Following the news, Guggenheim analyst Robert Drbul slashed the price target on WMT stock to $155 (17.4% upside potential) from $175 while maintaining a Buy rating. Keeping Walmart’s bleak outlook in mind, the analyst even cut down his model estimates for all quarters of 2022 as well as for fiscals 2022 and 2023.

Drbul is encouraged that Walmart is gaining market share from the increased shopping of grocery and food items at its stores. However, he does acknowledge the impact on gross margins and profits from the markdowns and mix. At the same time, he also appreciates the retailer’s conservative outlook for the rest of the year.

“We believe the company is making progress on its inventory levels but has more work to do, given a glut of inventory throughout U.S. retail, especially general merchandise and notably apparel. We believe inflation and stimulus spending from last year are impacting mix at a greater level than we previously expected,” Drbul added.

Similarly, MKM Partners analyst William Kirk also cut the price target on WMT stock to $152 (15.1% upside potential) from $159 and maintained a Buy rating.

Kirk’s optimism stems from the belief that “a bad Apparel cycle does not impact the long-term investment case for Walmart.” The analyst has full faith in Walmart’s rapidly growing advertising business. Moreover, Kirk is also encouraged by the growing market share of groceries against peers and increasing e-commerce adoption, which bode well with Walmart’s supply chain leadership.

“We estimate Walmart’s run-rate is >700mn online transactions a year ($50bn in sales). That captive audience can be more heavily monetized and provide earnings support independent of growth in physical stores. What is currently a $2bn ad business could become a $30bn ad business over time,” Kirk concluded.

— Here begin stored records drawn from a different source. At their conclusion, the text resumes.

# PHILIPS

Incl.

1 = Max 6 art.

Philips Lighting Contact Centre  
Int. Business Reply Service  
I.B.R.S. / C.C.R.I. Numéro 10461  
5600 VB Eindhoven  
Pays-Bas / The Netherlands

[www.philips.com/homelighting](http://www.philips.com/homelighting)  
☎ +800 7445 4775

Despite all the near-term noise, analysts are highly optimistic about WMT stock with a Strong Buy consensus rating based on 22 Buys and seven Holds. The average Walmart price target of $155.10 implies 17.5% upside potential to current levels. Meanwhile, WMT stock has lost 8% so far this year.

Ending Thoughts

Being America’s largest retailer, Walmart’s warnings cast a shadow on some of the other retail stocks dragging their shares down during after-hours trading. Shares of Target (TGT), which had earlier slashed its guidance due to excess inventory issues fell 5.1%. Meanwhile, Costco (COST) dropped 3.1%, and e-eommerce giant Amazon.com (AMZN) sank 4%. Similarly, other apparel retailers slipped more than 3% on the news.

Walmart has cautioned the masses on the bleak outlook for the rest of 2022. Inflation is making a hole in consumers’ pockets, which is going to take time to recover. Nonetheless, the Street appreciates Walmart’s caution ahead of its final release of Q2FY23 results, scheduled for August 16.